A former cricket star who leads one of Pakistan's minority parties spent time in Washington this week meeting with lawmakers and speaking out against U.S. support of Pakistani President Pervez Musharraf.
Imran Khan, an international celebrity since his days as a sports star, leads a much smaller party than that of Benazir Bhutto, the leader who was killed last month. But in Pakistan, he's nearly as well known as Bhutto.
And he says that next month's elections there won't be real, if they happen at all.
Musharraf removed the independent judges who would referee them. Yet Khan knows the president remains a U.S. ally in the war on terrorism.
"Gen. Musharraf has done a brilliant PR job here where he has convinced the people that he is one man holding these hordes of terrorists, the bastion against these extremists...." Khan says.
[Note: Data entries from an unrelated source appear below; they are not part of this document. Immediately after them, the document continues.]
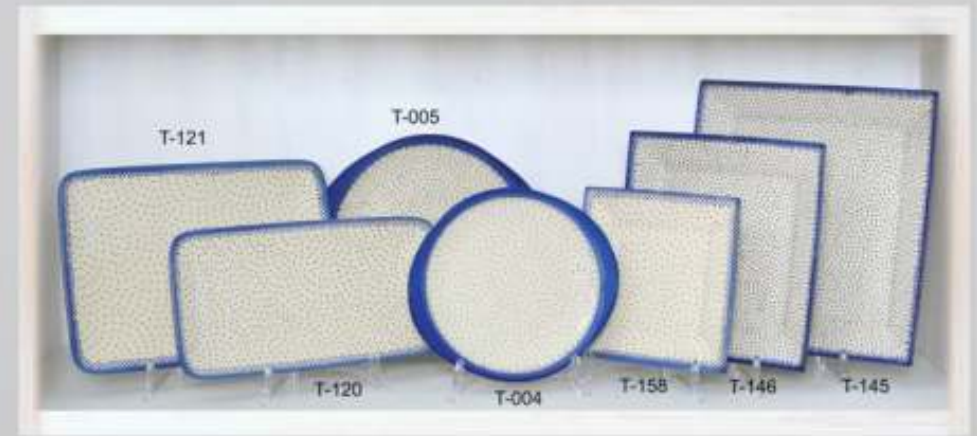

PLATES

BAKEWARE & BOWLS
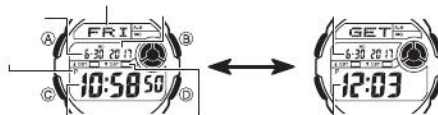

ERR

ERR

ON OFF

ON OFF

GET

TYO			
AUTO	OFF	AUTO ON	
12H		24H 12H	

50	00	
2011		
10:58 00		
6:30		
ENG	ENG FRN DEU JPN CHN	ESP POR ITA PYC
M/D		

AUTO

In an effort to change that image of Musharraf, Khan met this week with U.S. congressional leaders and spoke before audiences at a Washington think tank, the Center for Strategic and International Studies, and at the National Press Club.
Asked by a TV reporter whether he would accept a power-sharing agreement with Musharraf, Khan replies, "Absolutely not."
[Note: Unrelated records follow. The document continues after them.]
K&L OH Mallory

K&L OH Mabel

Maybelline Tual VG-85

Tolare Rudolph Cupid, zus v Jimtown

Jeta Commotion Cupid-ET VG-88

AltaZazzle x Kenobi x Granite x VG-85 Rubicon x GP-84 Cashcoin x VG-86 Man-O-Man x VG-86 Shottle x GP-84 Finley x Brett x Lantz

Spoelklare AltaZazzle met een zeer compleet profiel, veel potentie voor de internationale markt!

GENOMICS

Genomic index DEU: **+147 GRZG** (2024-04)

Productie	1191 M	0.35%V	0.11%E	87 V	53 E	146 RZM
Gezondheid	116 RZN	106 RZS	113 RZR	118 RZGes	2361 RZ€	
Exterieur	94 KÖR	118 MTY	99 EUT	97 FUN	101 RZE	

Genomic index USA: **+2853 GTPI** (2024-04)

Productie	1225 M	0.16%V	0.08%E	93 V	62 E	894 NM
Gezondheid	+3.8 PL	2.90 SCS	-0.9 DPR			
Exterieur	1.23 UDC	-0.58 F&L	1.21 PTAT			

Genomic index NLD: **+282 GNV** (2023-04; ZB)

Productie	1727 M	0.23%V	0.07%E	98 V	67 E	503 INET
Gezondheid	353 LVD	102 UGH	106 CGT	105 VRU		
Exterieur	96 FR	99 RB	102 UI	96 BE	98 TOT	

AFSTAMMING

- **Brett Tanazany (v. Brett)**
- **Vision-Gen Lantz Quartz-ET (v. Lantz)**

In an interview with NPR, Khan says "across the spectrum, from the right to the left, [Pakistanis] want Musharraf to go .... The U.S. administration must be getting this information. In Pakistan, according to all the polls, [U.S. officials] are backing someone who is deeply unpopular in the country."
Asked if the U.S. has enough influence to cause — or prevent — a change in Pakistan's government, Khan says: "Well, at the moment, the only backer of Gen. Musharraf is the U.S. government. The army is only backing him now because they think that the U.S. government backs Musharraf."
Last year, Musharraf purged the Pakistani supreme court of independent judges. Khan says his party wants the U.S. to "insist on the reinstatement of the constitutional judges of Pakistan. That's all we want. And once that happens, then the constitution will take its course."
Khan's party and other Musharraf opponents have vowed to boycott the upcoming elections in Pakistan until the judges are reinstated.
"Sooner or later, we will have to have free and fair elections," Khan says. "Any government coming out of these fraudulent elections is not going to last long."